Finally, we repeated simulations including one additional covariate recorded without error in the database (corresponding to a simple case of the methods described in Section 2.4). Z was randomly generated from a normal distribution with mean 0, variance 1, and correlation with X of 0.3. The coefficient β_z was set at 1. All other parameters were fixed at their values described above for generating simulated datasets with errors in both X and Y. Simulation results are given in the Supplementary Material. In summary, the performance of estimators of β_x were similar to that shown in Table 2. In general, the bias and coverage of naive estimates of β_z worsened for larger values of p and σ_u, although bias and coverage of naive estimates were not as poor for β_z as for β_x. For σ_u = 50, it generally took audit sizes of 50–100 for corrected estimates of β_z to have lower mean squared errors than naive estimates. For σ_u = 20, the mean squared errors of naive estimates of β_z were quite similar to those of corrected estimates at all audit sizes considered.

4. Practical Considerations

The primary purpose of an audit is to examine and confirm the accuracy of data. To this end, an audit is often performed by an independent group, and the rate of errors, p, and the distribution of the magnitude of the errors, U, are of primary interest. The sample size of an initial audit should therefore depend on the desired precision for estimating the error rate. Audit sizes have been discussed elsewhere and are based on standard formulas (e.g., Arens (2008), page 593).

The audit sample size needed to accurately correct estimates of association may need to be larger, or smaller, than the size of the initial audit. Therefore, depending on results of the first audit, a second audit may be desirable. The purpose of this second audit would be to refine estimates of p, $σ_{u}^{2}$ , and ρ_u,u^* to reduce standard errors of corrected estimates. Therefore, sample sizes of these second audits can be based on the desired precision or mean squared error for a regression of Y on X, and preliminary data from the first audit. We were unable to derive a simple formula to estimate the audit size needed to obtain a given level of precision. We therefore recommend computing sample sizes for the second audit through simulation. A second audit may not be necessary in sites less prone to errors based on data from the first audit.

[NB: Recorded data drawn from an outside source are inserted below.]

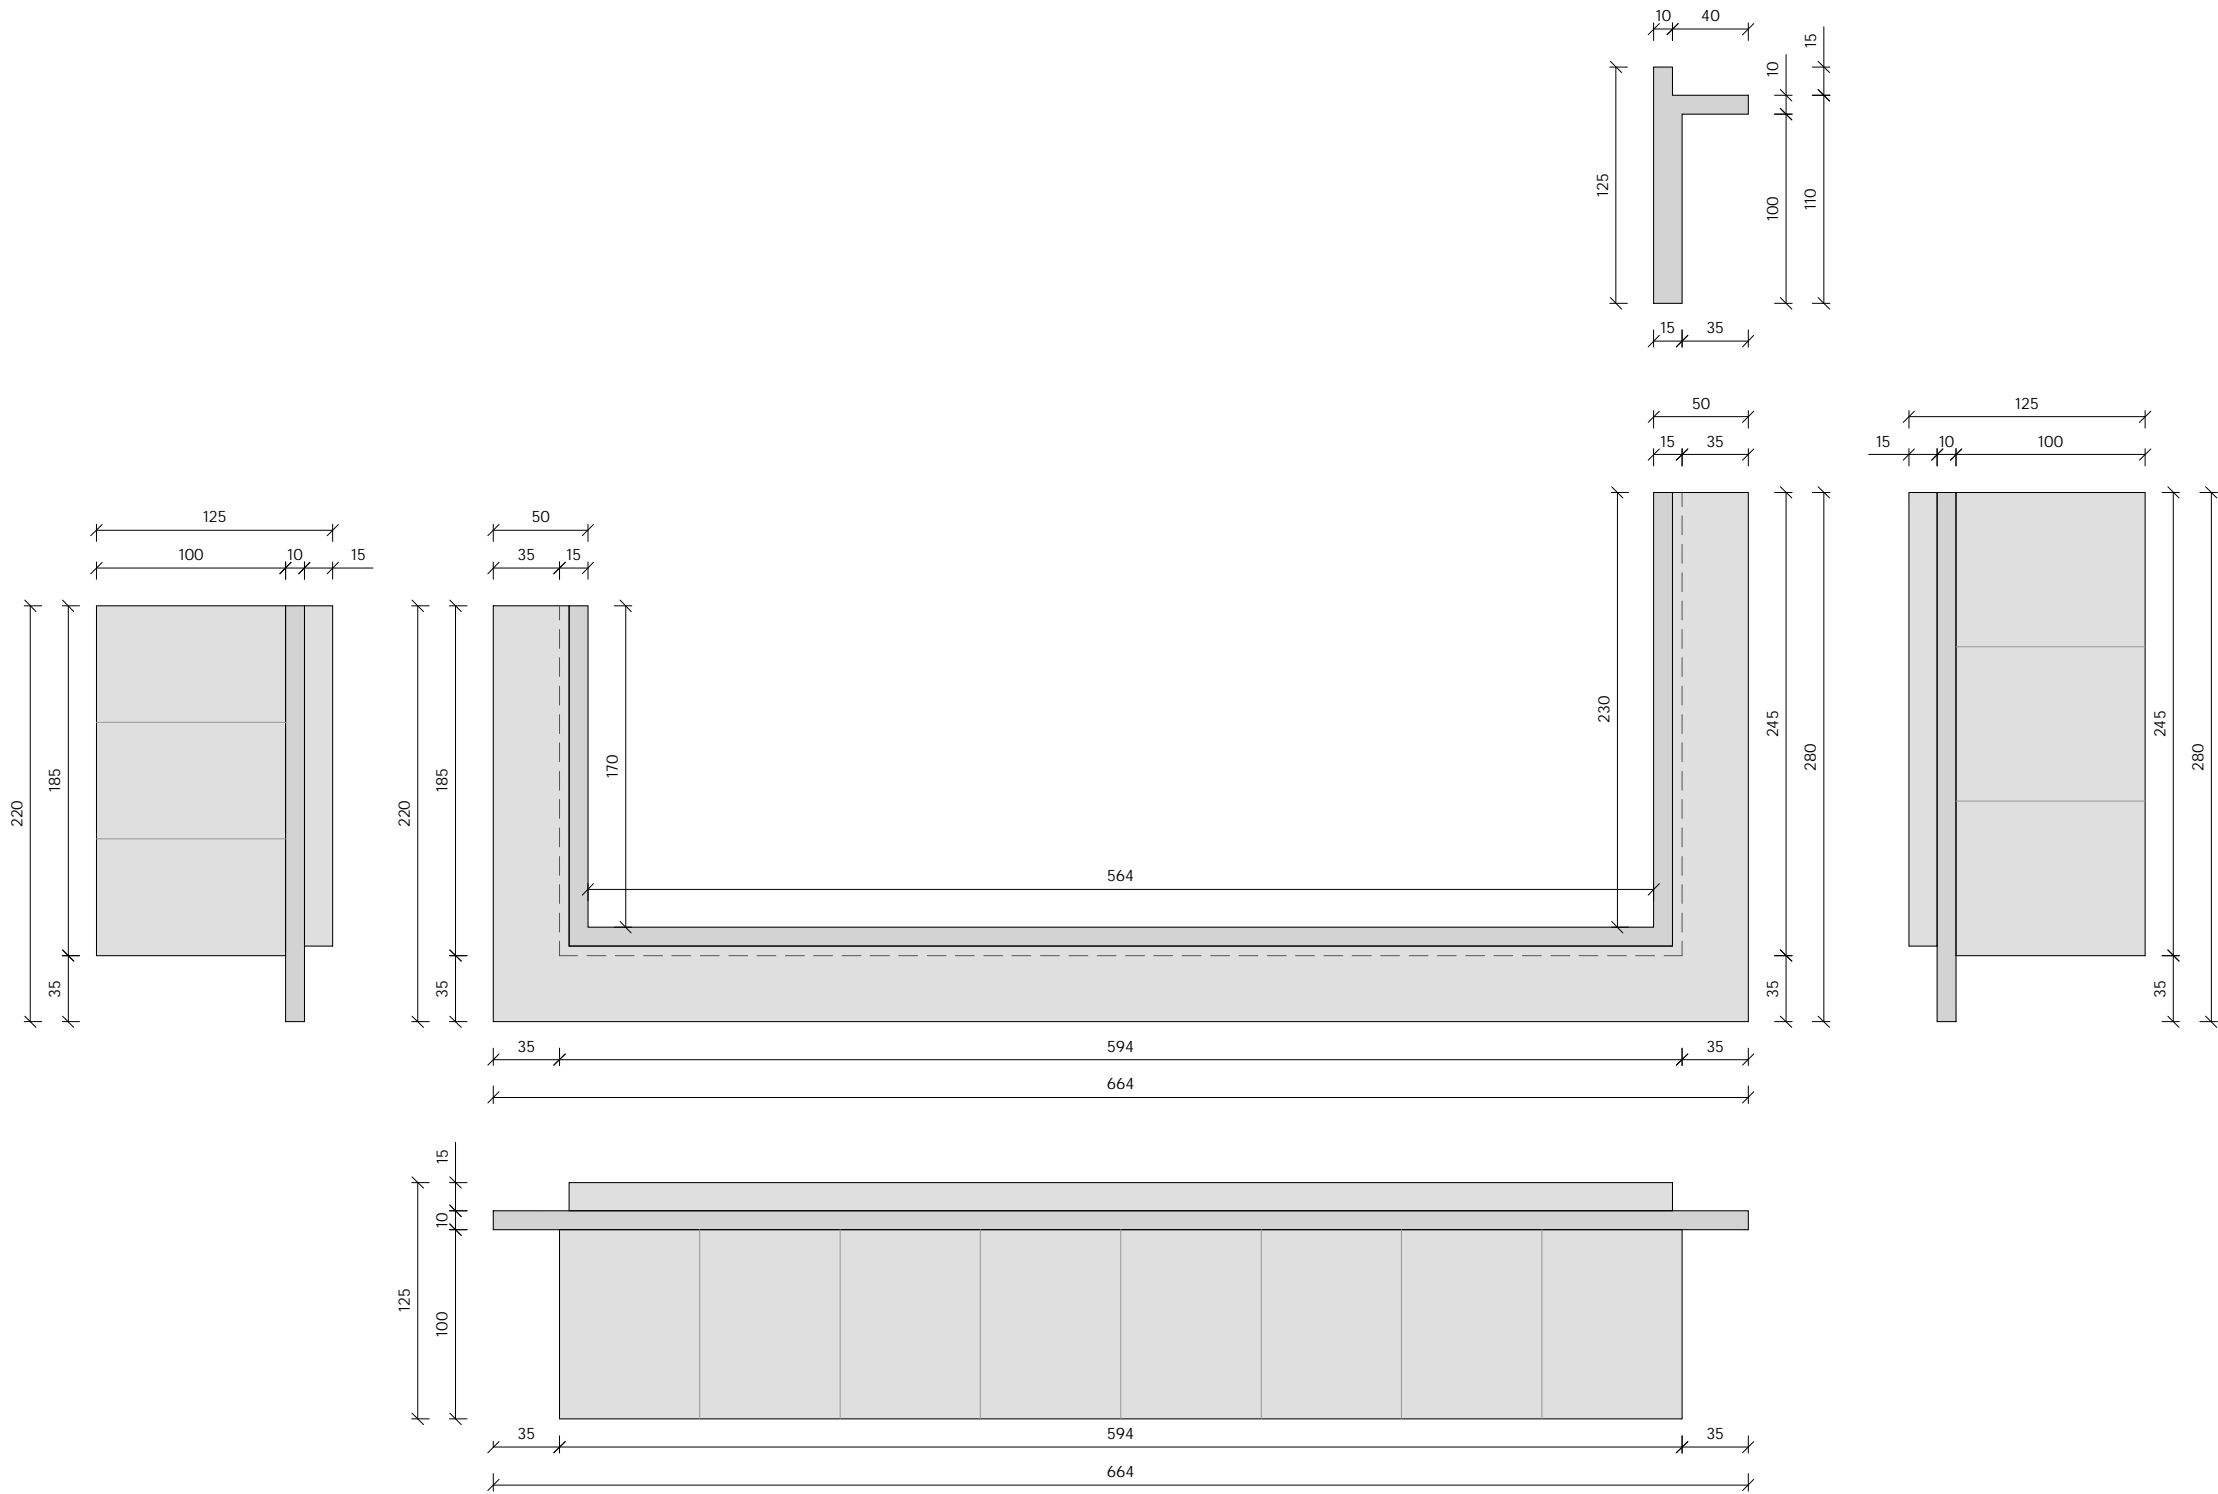

BARRA DE SUSHI

BarrioBohrer

KUIKKU Campoamor 3

----	BB	00	----	----	A	---
Num. Proy.	Autor	Unidad	Nivel	Tipo	Disciplina	Numero

ESC	420 x 297	07.10.2025	XXX	XXX
Escala	Dimensión (mm)	Fecha	Dibujado por:	Revisado por:

Anteproyecto
Fase Proyecto

Ciente:
KUIKKU

Arquitecto:
BarrioBohrer SLP - COAM 70.917
C. Boix y Morer 6 - 5to dcha, 28003 Madrid, España, +34 610 887 632 / +34 695 456 176 info@barriobohrer.com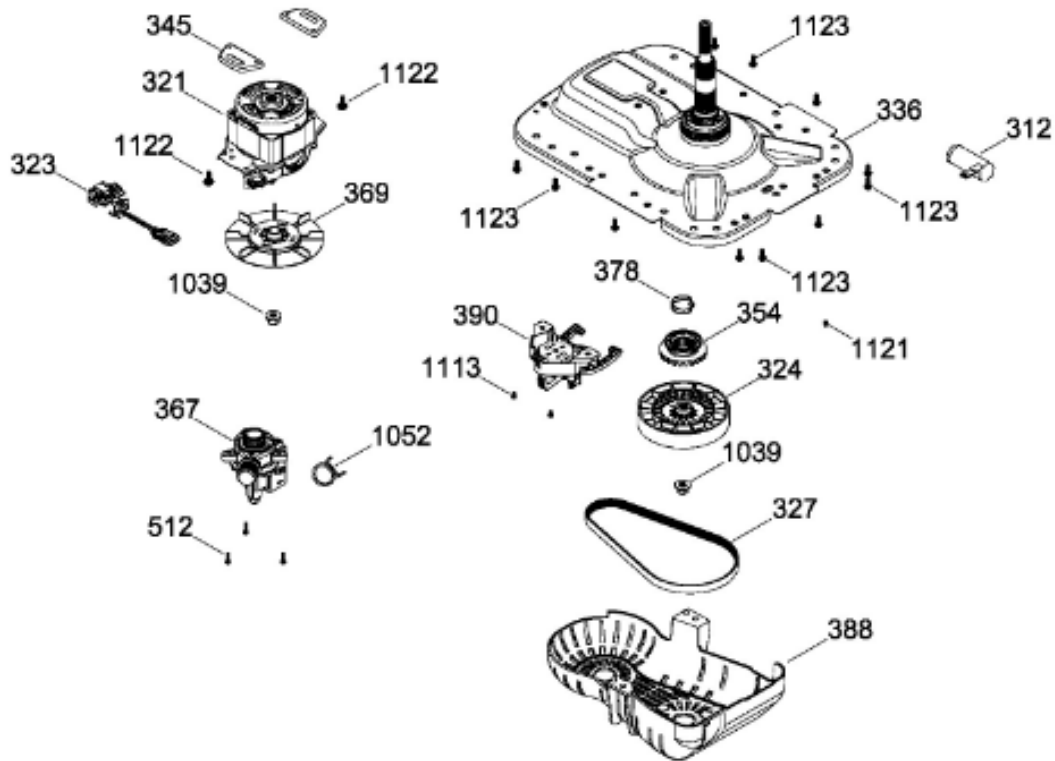

Venta de Refacciones
Electrodomesticas

LAVADORA WMH79104SBAB01

PARTES PARA TINA / TUB, BASKET & AGITATOR

WMH79104SBAB01

Distribuidor Autorizado

SurteRápido.com

Venta de Refacciones
Electrodomesticas

LAVADORA WMH79104SBAB01

SISTEMA MOTRIZ / PUMP & DRIVE COMPONENTS

WMH79104SBAB01

Distribuidor Autorizado

SurteRápido.com

Venta de Refacciones
Electrodomesticas

LAVADORA WMH79104SBAB01

Guía	Refacción	Descripción
6	WW01F01689	ENSAMBLE TOMACORRIENTE
9	WW01A00654	GOMA TAPA
12	WW01F01651	VALVULA DE AGUA CUADRUPLE
12	WW01F01651	VALVULA DE AGUA CUADRUPLE
21	WW01L01665	ENSAMBLE IML Y COPETE
21	WW01A00683	ENSAMBLE IML Y COPETE
30	WW01F01674	ARNES PRINCIPAL
34	WW01L01549	SELLO COPETE
36	WW01L01636	PERILLA ROTATORIA
39	WW01L01639	PERILLA CONTROL
44	WW01A00641	PIN ALINEAMIENTO
45	WW01F00597	MANGUERA
45	WW01F01987	MANGUERA
49	WW01L01624	PANEL POSTERIOR COPETE
56	WW01F01679	ARNES SEGURO TAPA
59	WW01A00651	CLIP CABLE
62	WW01F01748	BOTON INICIO
66	WW02F00735	SOPORTE TARJETA CONTROL
69	WW01F01822	TARJETA Y SOFTWARE
78	WW01F01676	ARNES VALVULAS
85	WW01F01777	SELECTOR ENSAMBLE
93	WW01L01529	GABINETE ENSAMBLE
96	WW01F01749	PATA NIVELADORA
96	WW01L01746	PATA NIVELADORA
96	WW01L01746	PATA NIVELADORA
96	WW01L01746	PATA NIVELADORA
98	WW01F01763	BISEL BLOCAPUERTAS
98	WW01F01763	BISEL BLOCAPUERTAS
99	WW01L01660	SEGURO TAPA
103	WW01L01640	AMORTIGUADOR Y SOPORTE IZQUIERDO
104	WW01L01642	AMORTIGUADOR Y SOPORTE DERECHO
106	WW01L01628	BUJE DERECHO
107	WW01L01629	BUJE IZQUIERDO
108	WW01L01506	CUBIERTA MANGUERA
108	WW01L01506	CUBIERTA MANGUERA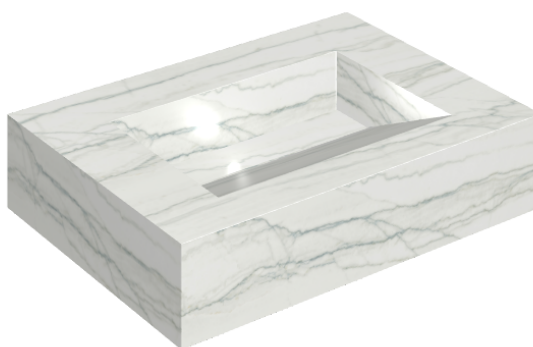

## Washbasin 70

Rivestimento del  
prodotto

Charme Advance  
Platinum White  
Naturale

I colori e le altre caratteristiche estetiche delle piastrelle presenti nelle illustrazioni presenti sul sito sono puramente indicativi. Guarda sempre i campioni di persona prima dell'acquisto.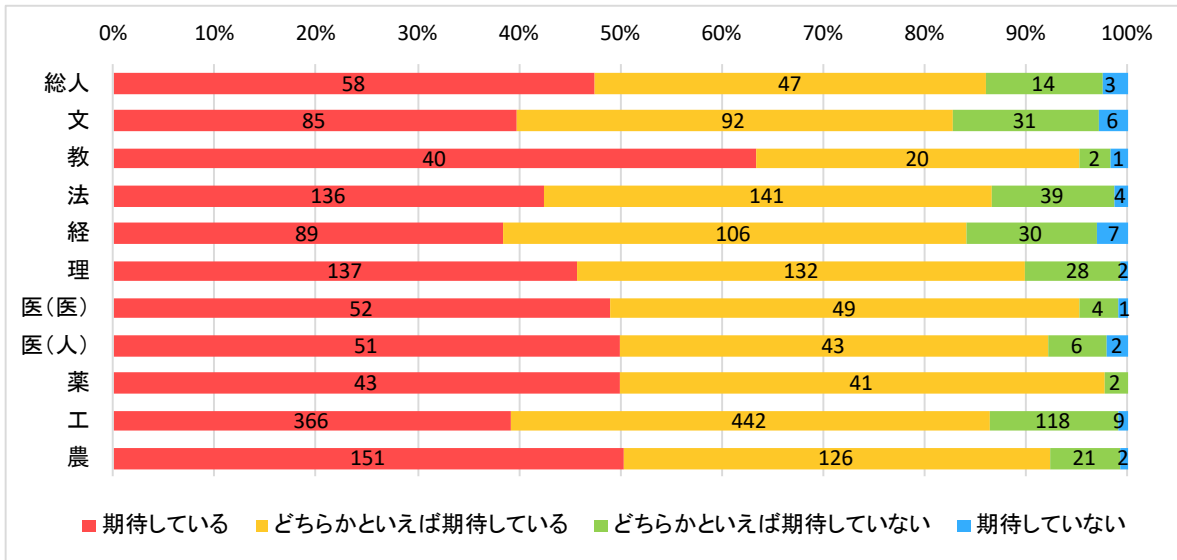

②どちらかといえば期待している

③どちらかといえば期待していない

④期待していない

◆以下、学部別に集計

※上：回答実数、下：100分率

(4) コミュニケーション能力

①期待している

②どちらかといえば期待している

③どちらかといえば期待していない

④期待していない

◆以下、学部別に集計（未回答除く）

※上：回答実数、下：100分率

(5) 教員との交流

- ①期待している ②どちらかといえば期待している
- ③どちらかといえば期待していない ④期待していない

◆以下、学部別に集計

※上：回答実数、下：100分率

(6) 学生同士の交流

- ①期待している ②どちらかといえば期待している
- ③どちらかといえば期待していない ④期待していない

◆以下、学部別に集計

※上：回答実数、下：100分率

(7) 将来の研究分野や進路を決める手がかり

- ①期待している ②どちらかといえば期待している
- ③どちらかといえば期待していない ④期待していない

◆以下、学部別に集計

※上：回答実数、下：100分率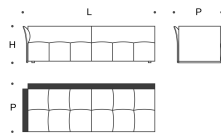

Divano fisso 184
Fixed sofa 184

L = 184 cm
P = 92 cm
H = 70 cm

Divano fisso 224
Fixed sofa 224

L = 224 cm
P = 92 cm
H = 70 cm

Divano fisso 264
Fixed sofa 264

L = 264 cm
P = 92 cm
H = 70 cm

Laterale fisso 132
Fixed side unit 132

L = 132 cm
P = 92 cm
H = 70 cm

esempio SX
example L

Laterale fisso 174
Fixed side unit 174

L = 174 cm
P = 92 cm
H = 70 cm

esempio SX
example L

Laterale fisso 214
Fixed side unit 214

L = 214 cm
P = 92 cm
H = 70 cm

esempio SX
example L

Laterale fisso 254
Fixed side unit 254

L = 254 cm
P = 92 cm
H = 70 cm

esempio SX
example L

Centrale fisso 122x132
Fixed central unit 122x132

L = 122 cm
P = 132 cm
H = 70 cm

Centrale fisso 82x92
Fixed central unit 82x92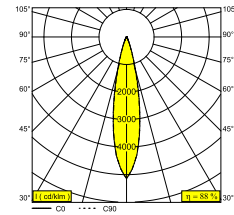

[Веб страница продукта](#)

Общая информация

ПРЕДНАЗНАЧЕН ДЛЯ УСТАНОВКИ	внутреннее
МОНТАЖ	ПОТОЛОК ВСТРОЕННЫЙ
РАЗМЕР/ФОРМА МОНТАЖНОГО ОТВЕРСТИЯ(ММ)	круглый - 76
ГЛУБИНА ВСТРАИВАНИЯ	90
ТОЛЩИНА МАТЕРИАЛА ВСТРАИВАНИЯ (ММ)	min.5
ЗАЩИТА ОТ ПЫЛИ И ВЛАГИ	IP43/20
ВЕС (КГ)	0.2
РЕГУЛИРУЕМОСТЬ	не регулируется
ИНФОРМАЦИЯ	LENS FL-20° EXCL.LED POWER SUPPLY 350mA-DC

Электрические характеристики

ЭЛЕКТРИЧЕСКАЯ КЛАССИФИКАЦИЯ	III
УПРАВЛЕНИЕ	Согласно внешнего блока питания
КЛАСС ПОТРЕБЛЕНИЯ ЭНЕРГИИ	D
СЕРТИФИКАТЫ	EPD, LCA

Характеристики источника света

LIGHTSOURCE NAME	LED
ТИП ИСТОЧНИКА СВЕТА	LED array 6W / CRI>90 (R9: 50) / 3000K / 945lm
TM-30 ЗНАЧЕНИЯ	rf: 96 / Rg: 99
SDCM	SDCM2
ГРУППА РИСКА	RG1
LM80	L90B10 > 50000
BEAMANGLE	20°
ХАРАКТЕРИСТИКИ ИСТОЧНИКА	945lm // 6W // 157lm/W
ХАРАКТЕРИСТИКИ СВЕТИЛЬНИКА	808lm // 6,9W // 117lm/W

Примечания

High Efficacy : > 100lm/W

Обязательные комплектующие

LED POWER SUPPLY 350mA-DC DIM

Given the purpose of a second audit, an internal audit or self-assessment of the data by local investigators may be sufficient and reduce study costs over performing a second audit by an independent group.

5. Data Example

Data were collected on 3480 HIV-positive individuals from CCASAnet sites in Argentina, Brazil, Chile, Honduras, Mexico, and Peru. To preserve the anonymity of the clinics, we have labeled them randomly as sites A-F. Each site sent a database containing patient characteristics at initiation of antiretroviral therapy (ART). The CCASAnet data coordinating center at Vanderbilt University randomly selected 191 records, approximately 30 per site, to be audited, and sent a team to each site to compare the values of key variables in the database with those found in the charts for these records. One hundred sixty seven of the 191 randomly selected records were initially audited (16 records could not be located or were unavailable because they were needed for patient care, 8 records were not audited because of time constraints). Audited values for each variable for each record were coded as one of the following: 1) correct, 2) minor or rounding error, 3) major error – value in database did not match value in chart, 4) missing – value recorded as missing in the database found in the clinical record, or 5) sourceless – value recorded in the database not found in the clinical record. For our analysis, sourceless errors (code=5) were treated as not audited (V = 0). Records missing either the outcome or predictor variable in the database were not included in analyses; therefore, we excluded records missing a variable that was later found during the audit (code=4). Finally, those 24 records that were supposed to be audited but were not were assigned V = 0. These three analysis decisions essentially assume that the distribution of analysis variables for individuals with these types of errors/missing data is similar to that of individuals included in the study.

We considered the association between date of ART initiation and CD4 count. Patients who start ART at higher CD4 counts tend to have a better prognosis, so there has been a push to treat patients at higher CD4 levels (Stohr et al., 2007). Therefore, a positive trend between date of ART initiation and CD4 count would indicate that in recent years HIV-positive patients have been starting their medications in less advanced stages of HIV-disease. Unadjusted analyses of the original data suggest that $\sqrt{CD 4}$ was on average 0.044 cells^1/2 lower per year (95% CI −0.15, 0.06). (CD4 was transformed to make it less skewed.) However, after adjusting for study site the trend was towards higher CD4 levels among patients initiating ART in more recent years: 0.11 cells^1/2 per year (95% CI −0.01, 0.24).

Data audits were performed and 18/123 (15%) of audited ART initiation dates had a value in the database different from the value in the clinical charts. The range of the discrepancy was −76 days to 1489 days (4.1 years), with a median of 7 days. As discussed in Section 2.3, if date of ART initiation was incorrect in the database, then the CD4 count recorded in the database at the incorrect date was often not the same as the CD4 measurement at the true date of ART initiation. For those 18 patients with an incorrect date of ART initiation, Figure 1A is a scatterplot of the magnitude of the error in date of ART initiation versus the magnitude of the induced error in $\sqrt{CD 4}$ . (Note that CD4 at ART initiation was defined as the CD4 measurement taken closest to, but no more than 7 days after or 180 days before, the date of ART initiation (Tuboi et al., 2009). Therefore, for many of the minor errors in date of ART initiation, the previous baseline CD4 measurement was still the measurement closest to the date of ART initiation, and hence the change in CD4 was 0.)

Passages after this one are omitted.